▸ **Task prompt**
Report how many lines of the data below contain "Recoil". Give nothing besides the number.

[[ Provided data open ]]

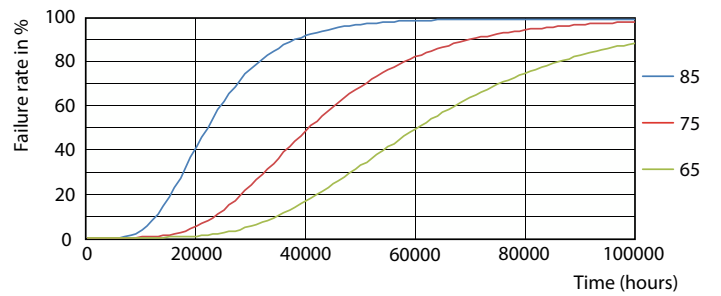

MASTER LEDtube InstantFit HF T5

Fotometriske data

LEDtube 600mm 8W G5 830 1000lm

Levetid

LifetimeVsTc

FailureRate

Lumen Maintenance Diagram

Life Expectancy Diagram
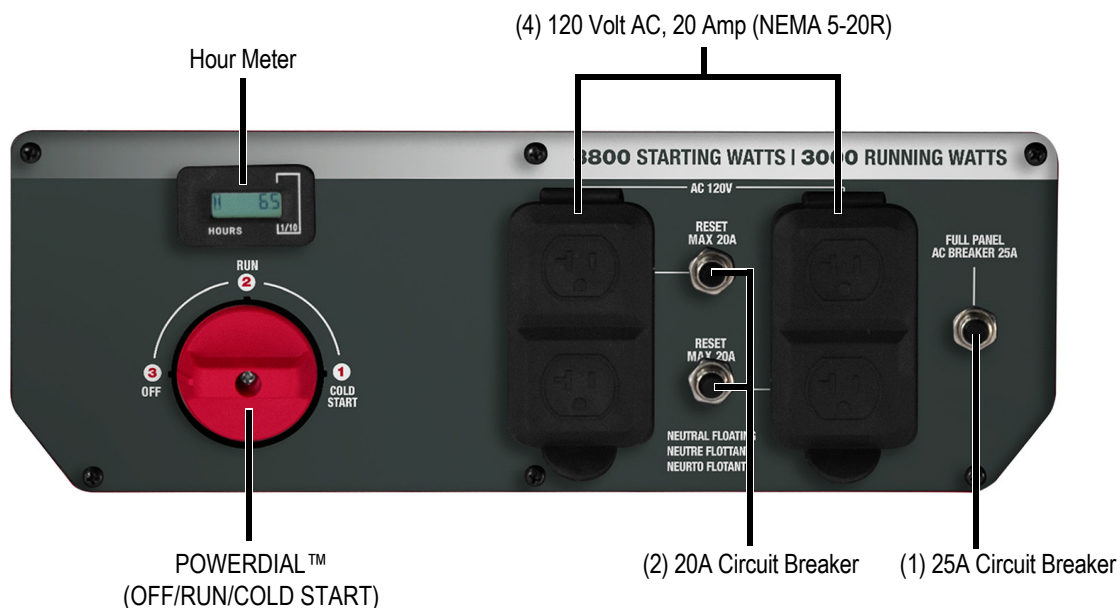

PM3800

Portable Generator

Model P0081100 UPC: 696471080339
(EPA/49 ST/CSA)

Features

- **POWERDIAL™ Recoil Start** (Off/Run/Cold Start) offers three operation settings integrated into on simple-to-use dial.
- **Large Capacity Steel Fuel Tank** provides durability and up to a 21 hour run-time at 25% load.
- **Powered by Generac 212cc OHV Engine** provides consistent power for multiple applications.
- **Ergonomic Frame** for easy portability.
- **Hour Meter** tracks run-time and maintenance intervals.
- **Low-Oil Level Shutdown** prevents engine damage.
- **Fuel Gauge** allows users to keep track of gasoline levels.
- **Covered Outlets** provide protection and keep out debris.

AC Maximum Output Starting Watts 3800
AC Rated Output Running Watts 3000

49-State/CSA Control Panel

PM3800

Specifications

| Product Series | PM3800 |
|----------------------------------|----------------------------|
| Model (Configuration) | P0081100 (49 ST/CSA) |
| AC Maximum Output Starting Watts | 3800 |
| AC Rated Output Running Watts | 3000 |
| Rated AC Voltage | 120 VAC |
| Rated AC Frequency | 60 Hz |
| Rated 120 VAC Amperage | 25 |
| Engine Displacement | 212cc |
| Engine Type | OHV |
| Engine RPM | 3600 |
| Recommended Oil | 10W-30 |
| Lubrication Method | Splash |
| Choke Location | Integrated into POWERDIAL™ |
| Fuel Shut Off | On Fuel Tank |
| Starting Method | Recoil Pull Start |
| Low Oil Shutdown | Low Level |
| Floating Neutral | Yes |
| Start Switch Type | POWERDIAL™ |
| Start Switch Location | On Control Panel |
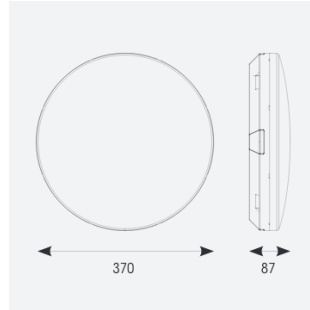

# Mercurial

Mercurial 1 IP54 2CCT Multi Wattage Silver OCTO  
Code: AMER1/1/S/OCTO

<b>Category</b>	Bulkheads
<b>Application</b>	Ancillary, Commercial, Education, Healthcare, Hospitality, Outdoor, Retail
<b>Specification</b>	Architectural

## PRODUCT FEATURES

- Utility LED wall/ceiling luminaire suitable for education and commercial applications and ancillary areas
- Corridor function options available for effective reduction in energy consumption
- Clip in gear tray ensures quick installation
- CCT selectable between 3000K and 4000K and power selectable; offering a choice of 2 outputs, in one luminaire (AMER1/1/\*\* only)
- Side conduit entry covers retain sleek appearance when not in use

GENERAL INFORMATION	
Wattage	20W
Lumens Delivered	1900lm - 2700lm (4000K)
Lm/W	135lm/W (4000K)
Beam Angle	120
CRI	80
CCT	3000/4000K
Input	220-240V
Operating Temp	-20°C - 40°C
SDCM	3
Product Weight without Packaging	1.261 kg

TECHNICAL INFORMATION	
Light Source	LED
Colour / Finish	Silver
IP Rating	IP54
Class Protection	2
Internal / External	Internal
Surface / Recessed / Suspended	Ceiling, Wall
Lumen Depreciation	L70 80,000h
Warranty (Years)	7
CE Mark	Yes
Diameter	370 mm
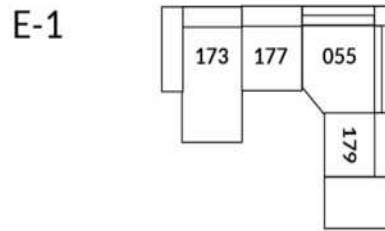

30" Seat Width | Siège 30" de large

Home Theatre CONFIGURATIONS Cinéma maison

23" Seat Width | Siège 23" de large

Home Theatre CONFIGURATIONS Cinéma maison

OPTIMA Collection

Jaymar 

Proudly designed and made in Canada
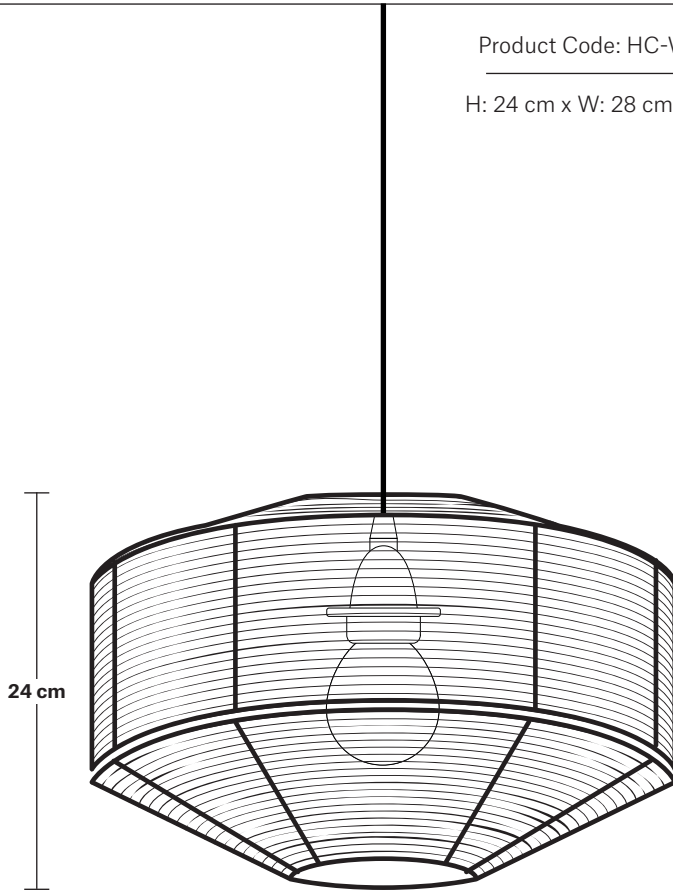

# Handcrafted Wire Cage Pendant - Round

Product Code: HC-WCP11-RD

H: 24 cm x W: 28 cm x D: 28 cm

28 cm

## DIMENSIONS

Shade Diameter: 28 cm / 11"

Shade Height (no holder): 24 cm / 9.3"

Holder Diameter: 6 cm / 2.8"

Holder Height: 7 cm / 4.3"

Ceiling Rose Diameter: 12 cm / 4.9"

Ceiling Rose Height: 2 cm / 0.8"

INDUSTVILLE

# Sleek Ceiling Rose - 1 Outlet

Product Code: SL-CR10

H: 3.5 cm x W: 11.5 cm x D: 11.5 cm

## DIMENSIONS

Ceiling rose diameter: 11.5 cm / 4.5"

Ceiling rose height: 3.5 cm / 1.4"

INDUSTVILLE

[[ Provided data closed ]]

▸ **Response**
2